● **THE TASK**: If a line of the records holds the word "FLAT", copy it out.

(Stored records)
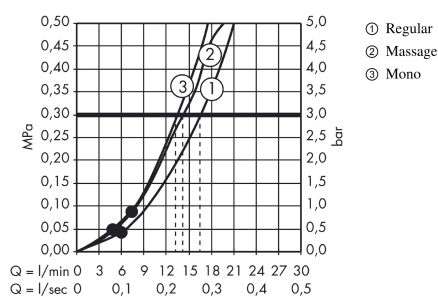

Crometta 85 Hand shower Multi

Surfaces: **Chrome** Article Number: **28563000**

Description

product features

- shower head size: 85 mm
- spray type adjustment by turning spray disc
- spray type: normal spray, Massage spray, MonoRain
- flow rate at 3 bar: 16 l/min
- with internal water conduction
- rinseable dirt filter
- connection thread G ½
- connection dimension: DN15
- suitable for continuous flow water heaters

Technology

Product image

Scale drawing

Flowchart

The consumption was measured in combination with the appropriate fittings (thermostat/mixer/ in-wall valve) to reflect actual application in practice.
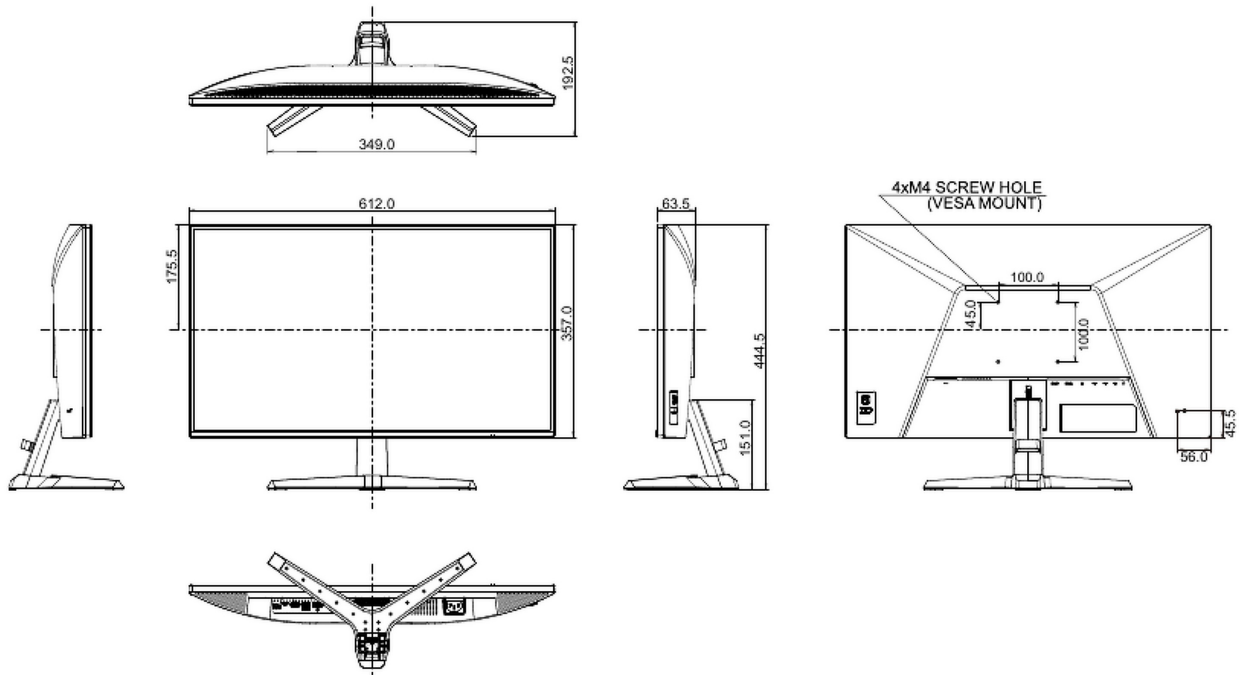

## 04 MECHANICAL

Display position adjustments	tilt
Tilt angle	21.5° up; 3.5° down
VESA mounting	100 x 100mm
Cable management system	yes

## 05 ACCESSORIES INCLUDED

**Cables** power (1.8m), USB (1.8m), HDMI (1.8m), DP (1.8m)

## 08 DIMENSIONS / WEIGHT

<b>Product dimensions W x H x D</b>	612 x 444.5 x 192.5mm
<b>Box dimensions W x H x D</b>	690 x 126 x 465mm
<b>Weight (without box)</b>	4.2kg
<b>Weight (without stand)</b>	3.8kg
<b>Weight (with box)</b>	6.6kg
<b>EAN code</b>	4948570126453
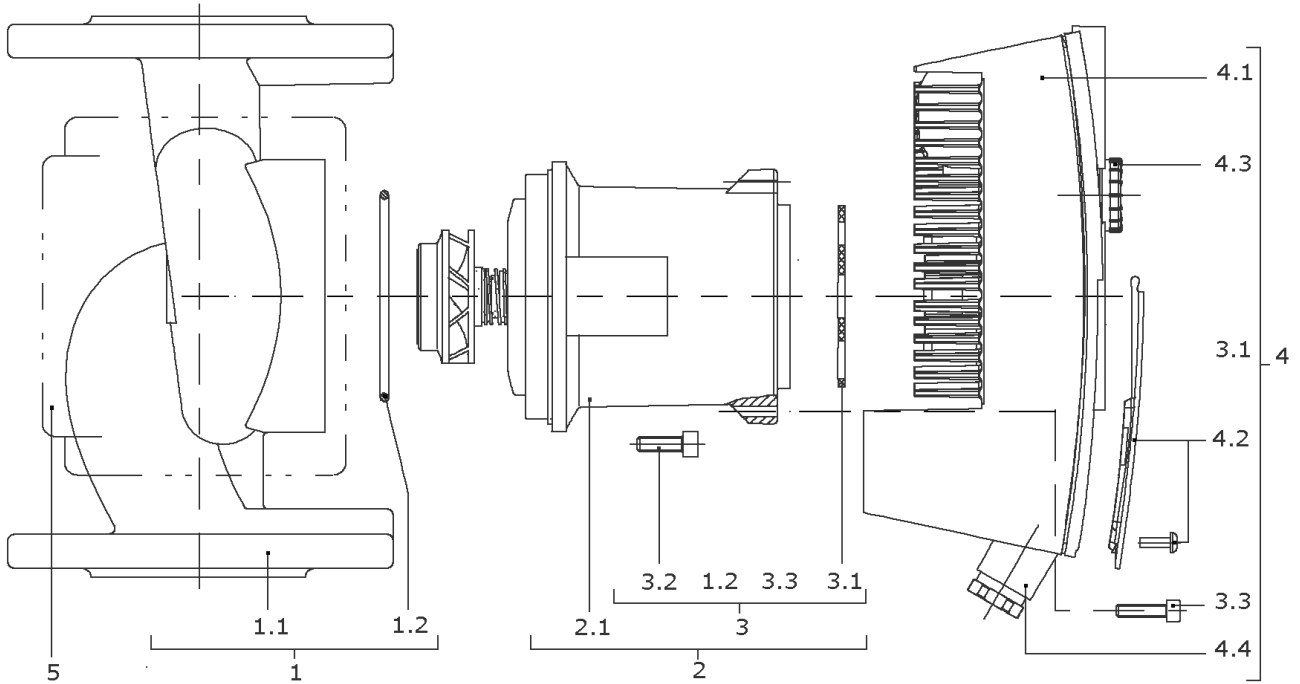

Stratos 65/1-6 PN6/10 (2146341)

Item	Article no.	Description	Quantity
1	2150940	Pump housing I65/1-9 6/10 KIT	1
1.1		> Pump housing I65/1-9 6/10 CPL.	1
1.2	2042935	> O-RING ID.88,49X3,53 EPDM 70SHORE	1
2	2153124	Motor 2 STRATOS MG.43(65/1-6)KIT	1
2.1		> MOTOR 2 43/600 50/1-9,50/1-12 EN60335	1
3	2046970	> FIXING/GASKET-KIT STRATOS 43	1
1.2	2042935	>> O-RING ID.88,49X3,53 EPDM 70SHORE	1
3.1	2042941	>> FLAT GASKET GR.43 D.92X3	1
3.2	2043006	>> SCREW M6X20 ISO4762 8.8 (4 PIECES)	1
3.3		>> SCREW M5X25 ISO4762 8.8 GEOMET	1
4	2147380	Module STRATOS 65/1-6 KIT	1
3.1	2042941	> FLAT GASKET GR.43 D.92X3	1
3.3		> SCREW M5X25 ISO4762 8.8 GEOMET	1
4.1		> Module Stratos 43 SW6.12	1
4.2	2098198	> MODULE COVER STRATOS MG.43 FROM 09W03 KI	1
4.3	2037927	> ROTARY SWITCH BUTTON MODULE STRATOS D.29	1
4.4	2042947	> SCREW CONNECTION PG7 KIT	1
	2042952	>> GASKET PG7 PKG.	1
		>> PRESSURE SCREW 107/E PG7 DIN46255 BLACK	1
		>> PRESSURE RING 107/D PG7 DIN46320ST	1
		>> PROFILED GASKET PG7 D.6/11 DIN46320 5EP4	1
4.4	2042948	> SCREW CONNECTION PG9 KIT	1
	2042951	>> GASKET PG9 PKG.	1
		>> PRESSURE SCREW PG9 PLASTICS BLACK	1
		>> PRESSURE RING 107/D PG9 DIN46320ST	1
		>> PROFILED GASKET PG9 D.7/13,5 DIN46320	1
4.4	2042949	> SCREW CONNECTION PG13,5 KIT	1
	2042950	>> GASKET PG13,5 PKG.	1
		>> PRESSURE SCREW PG13,5DIN46320 PL.BLACK	1
		>> PRESSURE RING 107/D PG13,5DIN46320	1
		>> PROFILED GASKET PG13,5 F.KVSB GI	1
	2042953	> COVER IF STRATOS	1
5	2042946	INSOLATION STRATOS MG.43 KIT	1
		> INSULATION STRATOS 50/1-12 MG.43 NT.	1

● **RESPONSE AREA**:
3.1	2042941	>> FLAT GASKET GR.43 D.92X3	1
3.1	2042941	> FLAT GASKET GR.43 D.92X3	1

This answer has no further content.